# How to evaluate the expectation of a discrete random variable?

While doing problem sets I'll usually have a problem where I'm given a density function of a random variable that can take as value either 1 or 0. This seems to be the typical definition of a discrete random variable where it can only take specific values.

I am also aware that if we have a density function than they are conditions that must be respected. For example the integral of f(x) must = 1.

However I've also overheard that when dealing with discrete random variables we don't use integrals but derivatives.
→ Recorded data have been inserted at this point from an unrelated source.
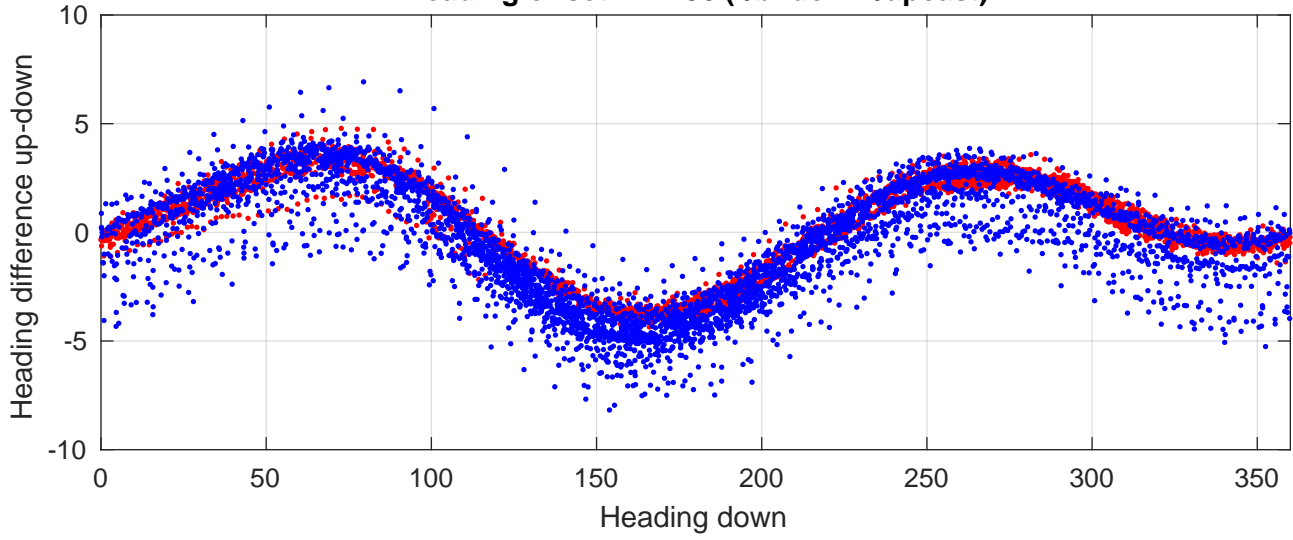

I7N station #82 (V2) Figure 6

Heading offset : -2.436 (r/b: down/upcast)

Pitch offset : 0.21508

Roll offset : 0.74754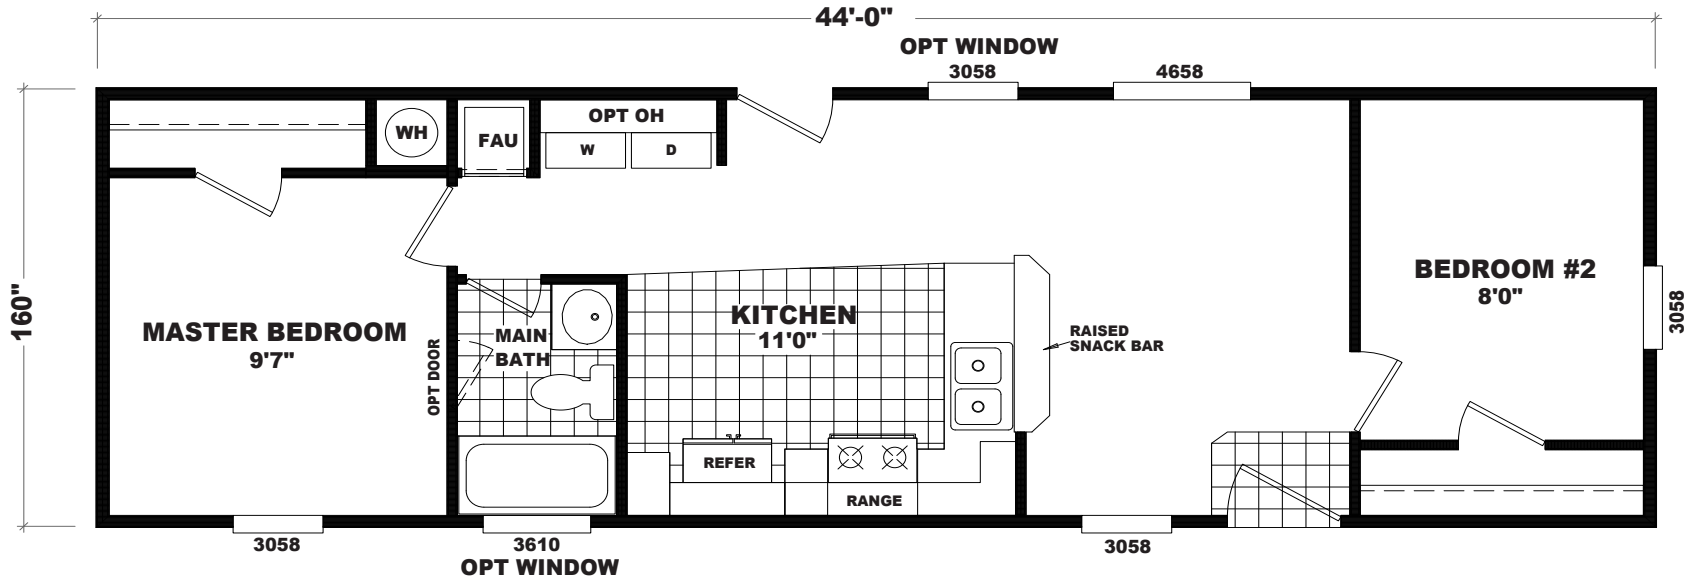

Downing

GS Series

587 SQ. FT. (Approximate) 2 Bedroom, 1 Bath

Last Updated: 10-30-20

THE HOME OUTLET
890 N. Arizona Ave.
Chandler, AZ 85225

TheHomeOutletAZ.com | 1-800-965-5401

IMPORTANT: Alta Cima Corp reserves the right to modify, cancel or substitute products or features of this event at any time without prior notice or obligation. Pictures and other promotional materials are representative and may depict or contain floor plans, square footages, elevations, options, upgrades, extra design features, decorations, floor coverings, specialty light fixtures, custom paint and wall coverings, window treatments, landscaping, sound and alarm systems, furnishings, appliances, and other designer/decorator features and amenities that are not included as part of the home and/or may not be available at all locations. Home, pricing and community information is subject to change, and homes to prior sale, at any time without notice or obligation. ©2020 Alta Cima Corp. All rights reserved.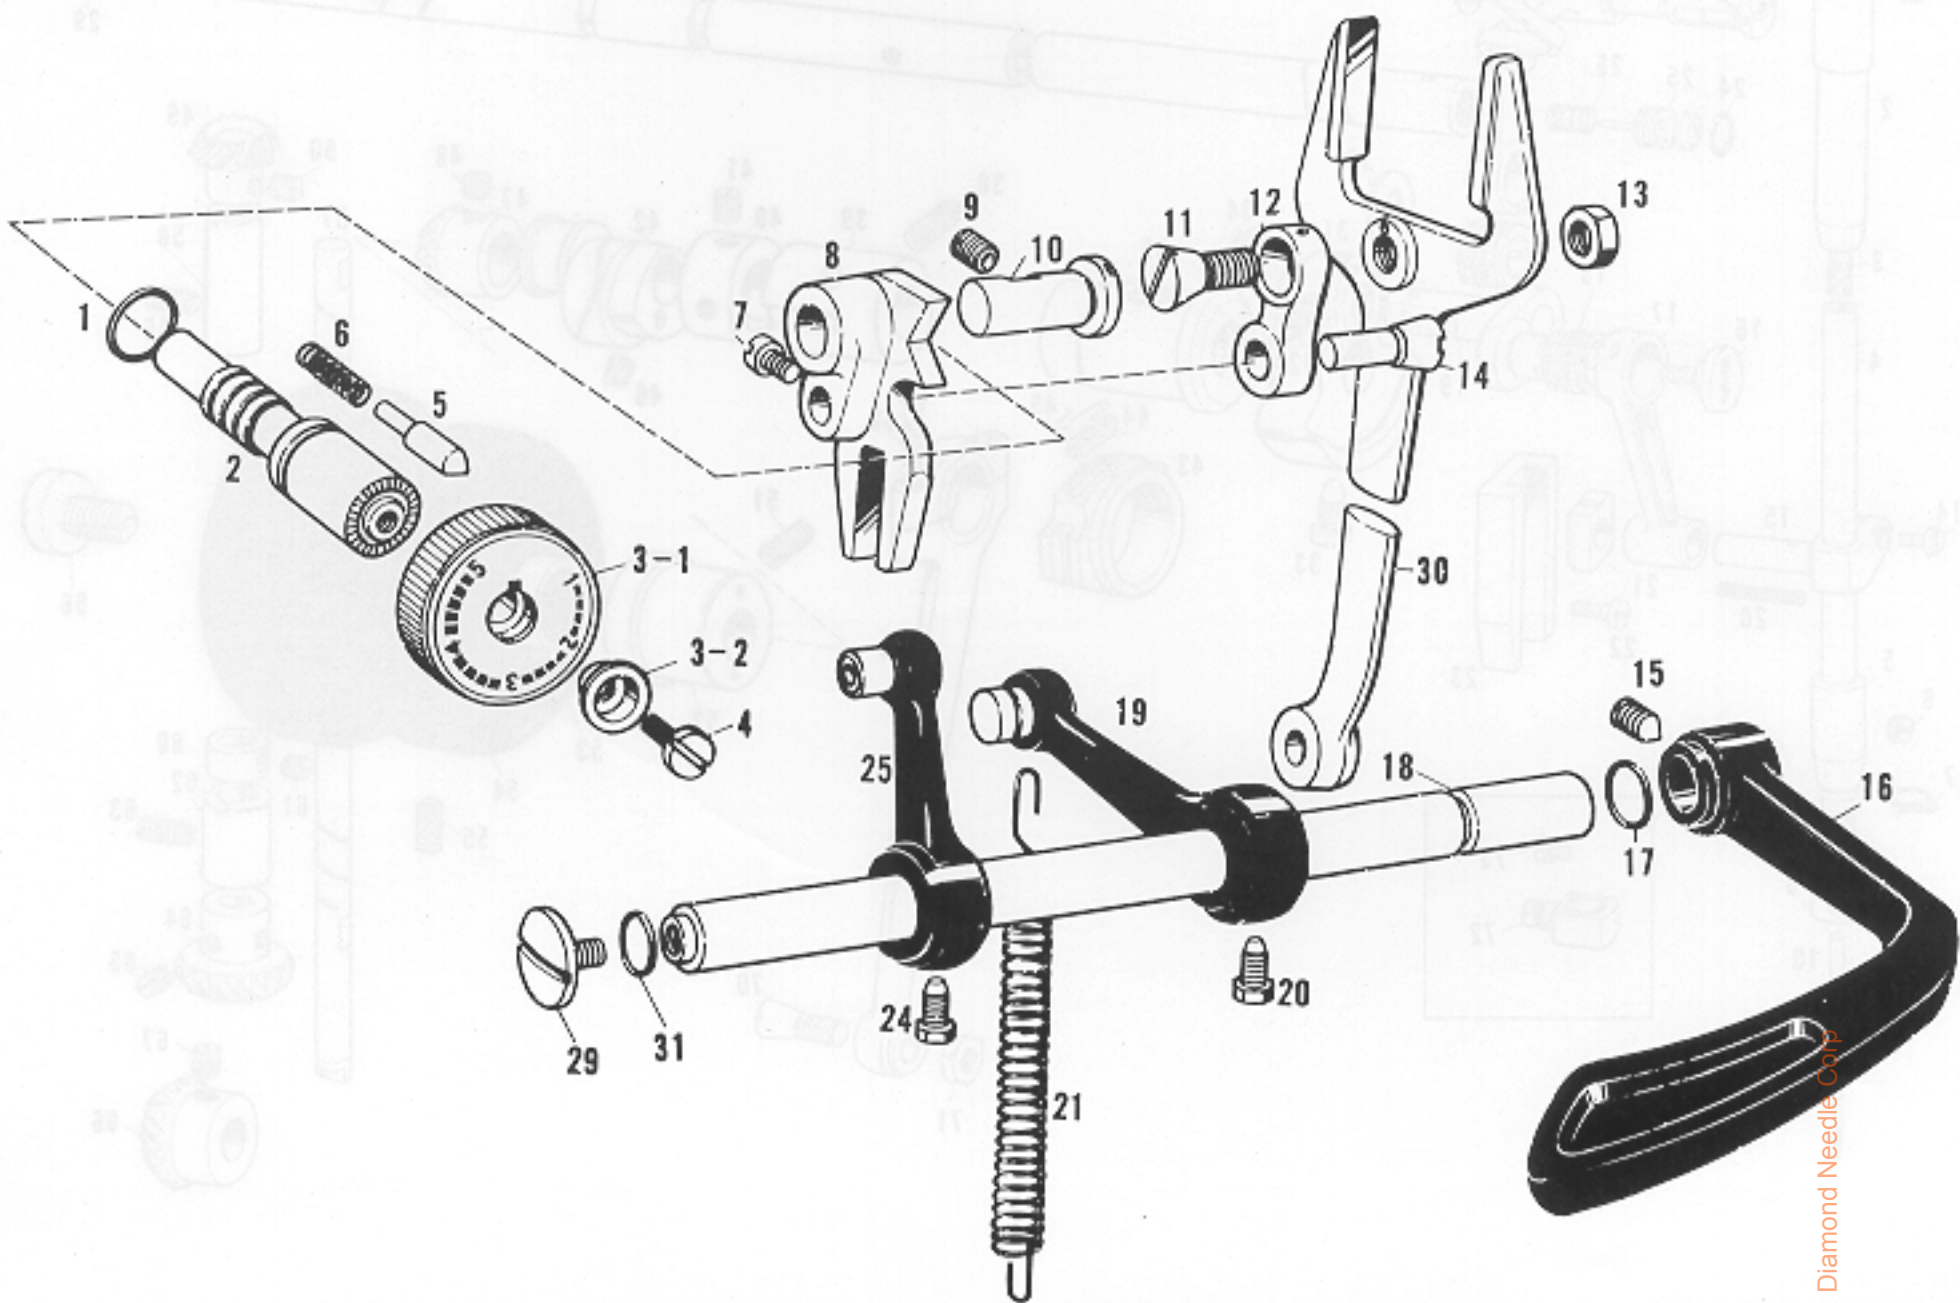

C. Feed Mechanism and Knee Lifter Mechanism

Ref. No.	Name of Parts	Q'ty	Parts No.	Assembly No.	Ref. No.	Name of Parts	Q'ty	Parts No.	Assembly No.
C-1	Packing	1	108549-0-01	Length Control Dial 181482-0-01	C-15	Screw	1	015771-0-12	Feed Regulator Lever Shaft 181671-0-01
C-2	Length Control Screw	1	109151-1-01		C-16	Reverse Lever	1	118752-0-01	
C-3-1	Length Control Dial	1	142482-0-01		C-17	Packing	1	104564-0-01	
C-3-2	Washer	1	142746-0-02		C-18	Feed Regulator Lever Shaft	1	108541-0-01	
C-4	Screw	1	142747-0-02		C-19	Feed Regulator Lever B With Hook	1	108544-0-03	
C-5	Pin	1	100327-0-01		C-20	Bolt	1	142403-0-01	
C-6	Spring	1	100328-0-01		C-21	Feed Regulator Tension Spring	1		
C-7	Screw	1	102627-0-01		C-24	Bolt	1	108749-0-01	
C-8	Feed Regulator	1			C-25	Feed Regulator Lever Assembly	1	116953-0-01	
C-9	Screw	1	013781-0-12		C-29	Screw	1	100511-0-03	
C-10	Stud	1	111491-0-01		C-30	Feed Forked Connector	1	109147-0-01	
C-11	Screw	1	100310-0-01		C-31	Packing	1	104564-0-01	
C-12	Feed Regulator Link	1	104897-0-00						
C-13	Nut	1	104689-0-01						
C-14	Taper Hinge	1	100312-0-01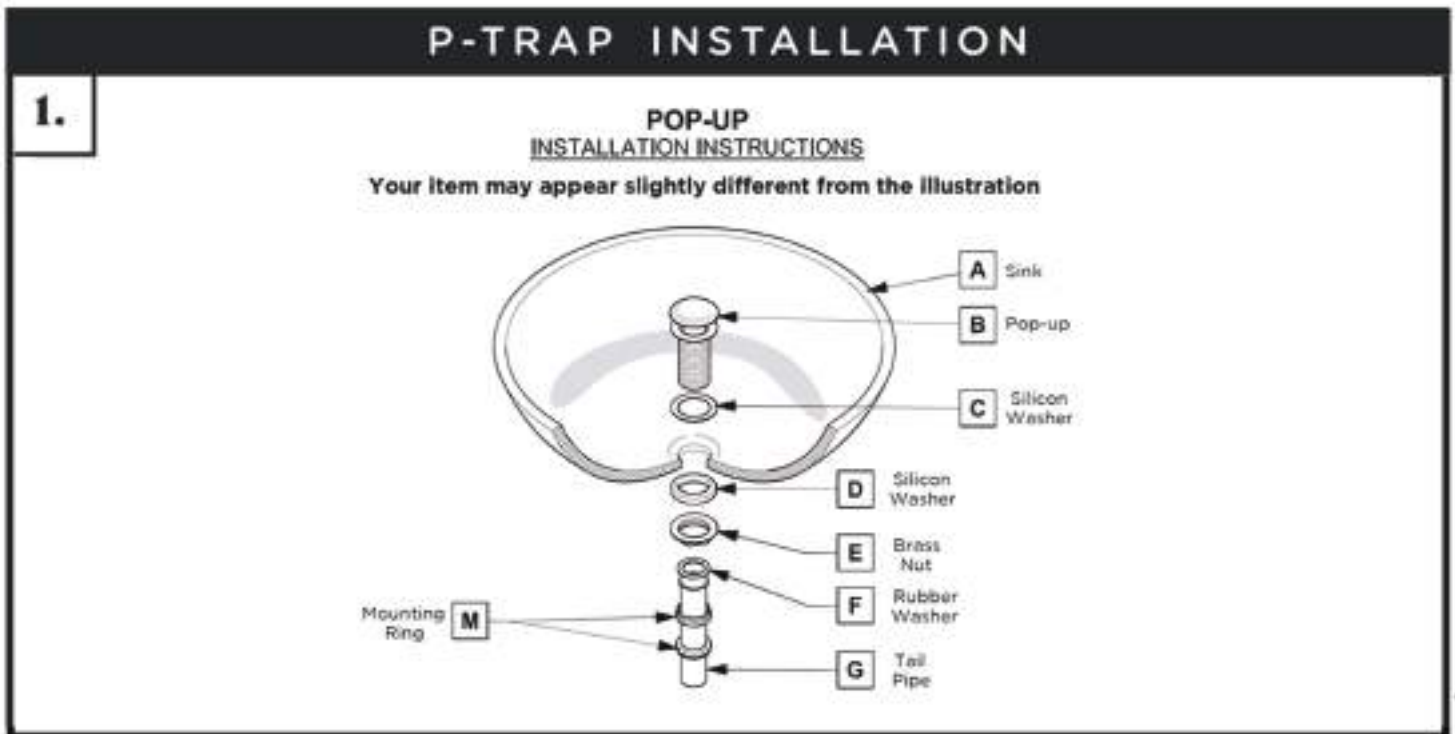

ATTENTION! The measurements in inches are rounded to the nearest 1/8"

INSTALLATION (PART 1)

1 Unscrew leg mounting plate **10** and leg mounting bolt **9** from each base leg **4**.

2 Attach leg mounting plate **10** to the bottom of cabinet **1** and screw in leg mounting bolt **9**

3 Attach each mounting leg to the bottom of cabinet by screwing in the leg on top of the leg mounting bolt

INSTALLATION (PART 2)

Install cabinet (D)

PARTS

MIRROR INSTALLATION

- 1 Level the mirror bracket and then mark the installation position
- 2 Drill the installation holes
- 3 Insert the plastic plug
- 4 Hung the mirror
Install the screw

INSTALLATION (PART 3)

INSTALLATION OF LESSCARE PRODUCTS BY AN INEXPERIENCED INSTALLER MAY RESULT PERSONAL INJURY OR DEATH!

INSTRUCTIONS THAT, IF IGNORED COULD RESULT IN DEATH OR SERIOUS INJURY CAUSED BY INCORRECT HANDLING OR INSTALLATION OF THE PRODUCT. THESE INSTRUCTIONS MUST BE OBSERVED FOR SAFE INSTALLATION.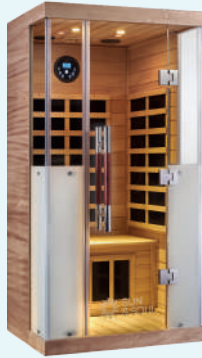

SUN100™

1 PERSON

Dimensions (exterior)
101.6 x 111.76 x 200.66 cm
195.045kg

Electrical:
1,680W / 230V / 7.30A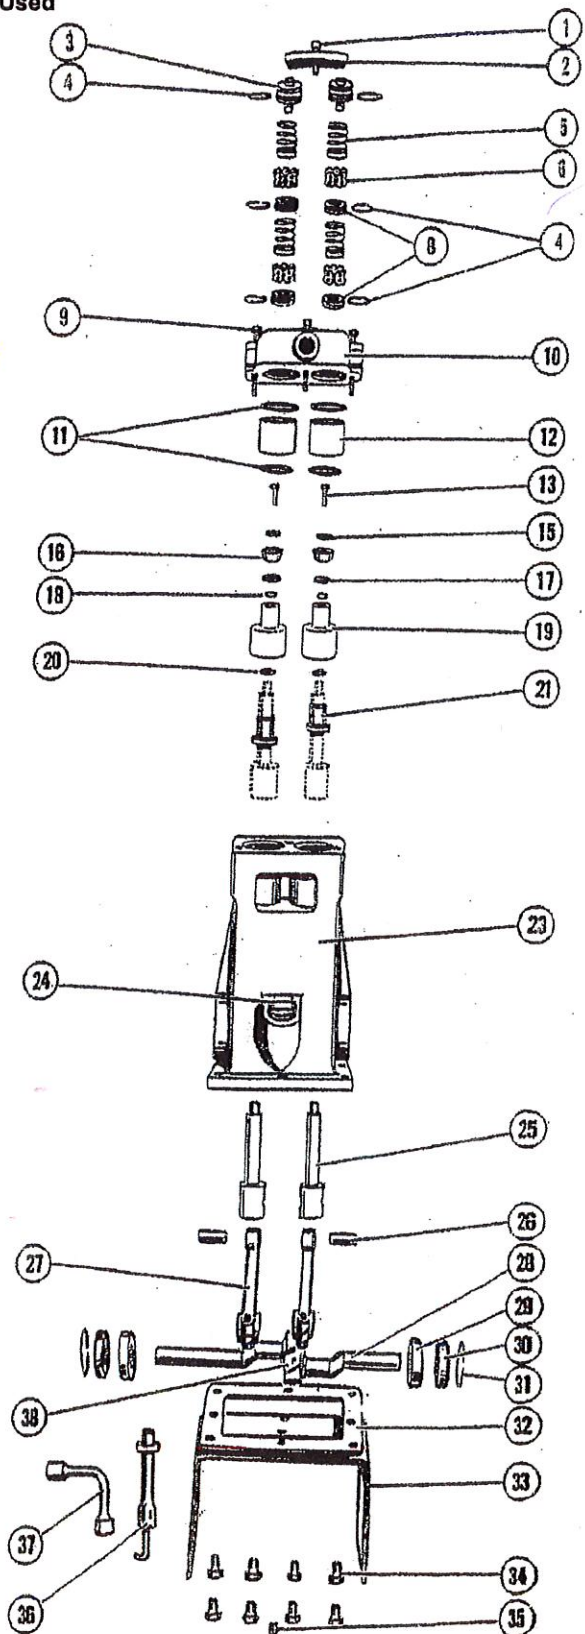

MODEL R 5B PUMP
Parts Breakdown

Ref. No.	Part No.	Description	Qty. Used
1	0-0513	Cap screw, 1/2" - 13 x 1 1/2"	1
2	1255887	Clamp, valve cover	1
3	1219614	Cover, valve	2
4	1177394	O-ring, 1 3/16" OD	6
5	5253499	Disc and spring assembly	4
6	1219610	Cage, valve	4
8	1219615	Seat, valve	4
9	0-0224	Cap screw, 3/8" x 5	3
10	1241397	Valve chamber	1
	1241402	Valve chamber assembly (includes all valve parts)	1
11	A91684	Gasket, cylinder	4
12	1249654	Cylinder, 1 3/8" ID (ceramic) <i>2 1/8</i>	2 <i>oo</i>
13	1284516	Cap screw, 5/16" - 18 x 7/8" SS	2
15	5257217	Washer, packing	2
16	1253428	Plunger packing (cup)	2
17	1282558	Washer, packing back-up	2
18	1101339	O-ring, 3/4" diam.	2
19	1279148	Umbrella (plastic)	2
20	1269388	Washer, umbrella	2
21	1218743	Sleeve, crosshead (plastic)	2
23	1278187	Case, model 5A pump	1
24	1-1471	Plug, 3/4" black	1
25	1216823	Crosshead	2
26	1219650	Wrist pin	2
27	1219371	Connecting rod assembly	2
28	1257438	Crankshaft, model 5A pump	1
29	1187873	Bearing	2
30	1187874	Oil seal	2
31	1118727	Snap ring	2
32	1216820	Gasket, pump base	1
33	1219855	Mounting base, pump	1
34	0-0286	Cap screw, 3/8" - 16 x 3/4"	10
	0-0020	Lock washer, 3/8"	10
35	1187316	Plug, 1/8" pipe (brass)	1
36	1250638	Puller, valve seat	1
38	1220366	Oil slinger	1

*Do not need
oil slinger
with new crank
shaft*

Before 2006

- *1220366 ① oil slinger*
- *320502 ② cap screw*
- *1174576 ② Hex nut*
- *5274118 ① slinger strip*

I'm now very confused on what to do.

If I was told to give the expectation of a continuous random variable I would do this: $$E[x] = \int^{a}_{b} x f(x)dx$$ Where a and b are the bounds where the function is not 0 for example.

I also know that the expectation means that we do a weighted average.

I'd like to add that for a discrete random variable with a finite set of values I would have just computed the sum of each probability with the value of the random variable like this:

$$E[x] = \sum ^{i=5}_{n=1}x_{n}p_{n}$$

Can someone clear up my confusion?

Using Dirac masses: $$\delta_x(t) = \begin{cases} +\infty & \text{if x=t}\\ 0 & \text{otherwise}\end{cases}$$ with $$\int_\alpha^\beta \delta_x(t){\rm d}\! t = \begin{cases} 1 & \text{if x\in[\alpha,\beta]}\\ 0 & \text{otherwise}\end{cases}$$ which gives $$f_X(x) = f(x) + \sum_{i=1}^5 p_i\delta_{x_i}(x)$$ in such a way that $$\int_a^b f(x){\rm d}\! x + \sum_{i=1}^5 p_i = 1$$